Trump’s lawyers may have written a letter to Democrats saying that the President “remains focused on fulfilling his promises to the American people” but Trump himself has shown few signs he is redirecting focus to governing.
Similar to his erratic behavior during the Mueller probe, the President has spent hours tweeting about the impeachment and lighting up the phone lines of his allies on Capitol Hill — including Senate Majority Leader Mitch McConnell.
Trump is calling the Majority Leader up to three times a day and making political threats, a source says.
McConnell has told a small number of Republicans about the President’s calls.
However, a spokesperson for McConnell has denied that Trump is increasingly leaning on the Republican leader in the Senate.
This story, based on a single anonymous source, is categorically false. Leader McConnell never said anything like this,” Doug Andres said.
Trump has been lashing out at GOP senators he sees as disloyal, according to the person familiar with the conversations, telling McConnell he will amplify attacks on those Republicans who criticize him.

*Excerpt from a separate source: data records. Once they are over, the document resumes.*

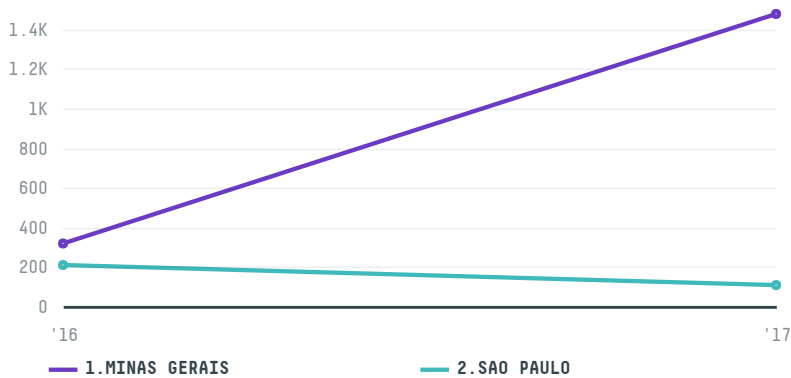

TOP DESTINATION COUNTRIES OF COFFEE IMPORTED BY BINBAS GIDA:
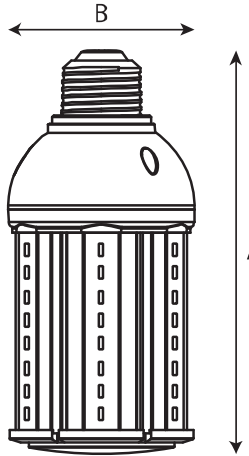

Venture 36W LED Retrofit Lamp
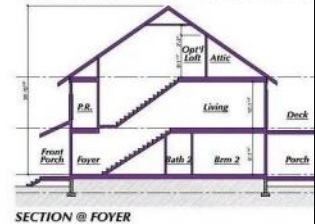

**12 Creek
Linwood, NJ 08221**

Asking \$989,000.00

WEST UNITS

WEST-FRONT ELEV

SOUTH SIDE ELEV

COMMENTS

Welcome to the Residences at Patcong Creek! Where Luxury Meets Tranquility in the Heart of Linwood, NJ. Unmatched Location nestled in the quaint town of Linwood, NJ, The Townhomes offer unparalleled access to both natural beauty and urban convenience. Just minutes away from the vibrant coastal community of Ocean City, & Margate. Residents can enjoy the best of both worlds: serene, creekside living and the excitement of beachside activities. The Community and Lifestyle is more than just a place to live; it's a lifestyle. The community features: Scenic Views Overlooking the tranquil Patcong Creek, these homes offer stunning westward views from the Pavilion on Premise, perfect for watching breathtaking sunsets. Close proximity to fine dining, shopping, recreational facilities, and major highways, ensuring you are never far from what you need. Step into a world of elegance and comfort. These townhomes are designed to cater to those who appreciate the finer things in life. Whether you're looking for a serene retreat or a vibrant coastal lifestyle, you'll find it here. Reserve Your New Home Today! Don't miss the opportunity to own one of these extraordinary townhomes.

McConnell faces his own dilemma of having to preserve the Republican majority in the Senate, while also placating an erratic President who demands nothing short of total loyalty. That will become harder as more details about Trump’s dealings with Ukraine trickle out.
Trump has already demonstrated his willingness to go after Republican defectors. After Sen. Mitt Romney, R-Utah, said it was “wrong and appalling” for Trump to suggest Ukraine and China investigate Joe Biden, Trump unloaded, calling Romney a “pompous ass” and suggesting Romney himself be impeached.
Trump has also been mistrustful of Republicans who are reticent to defend him publicly, often lamenting that Democrats are much better at staying in line with their party heads than his own.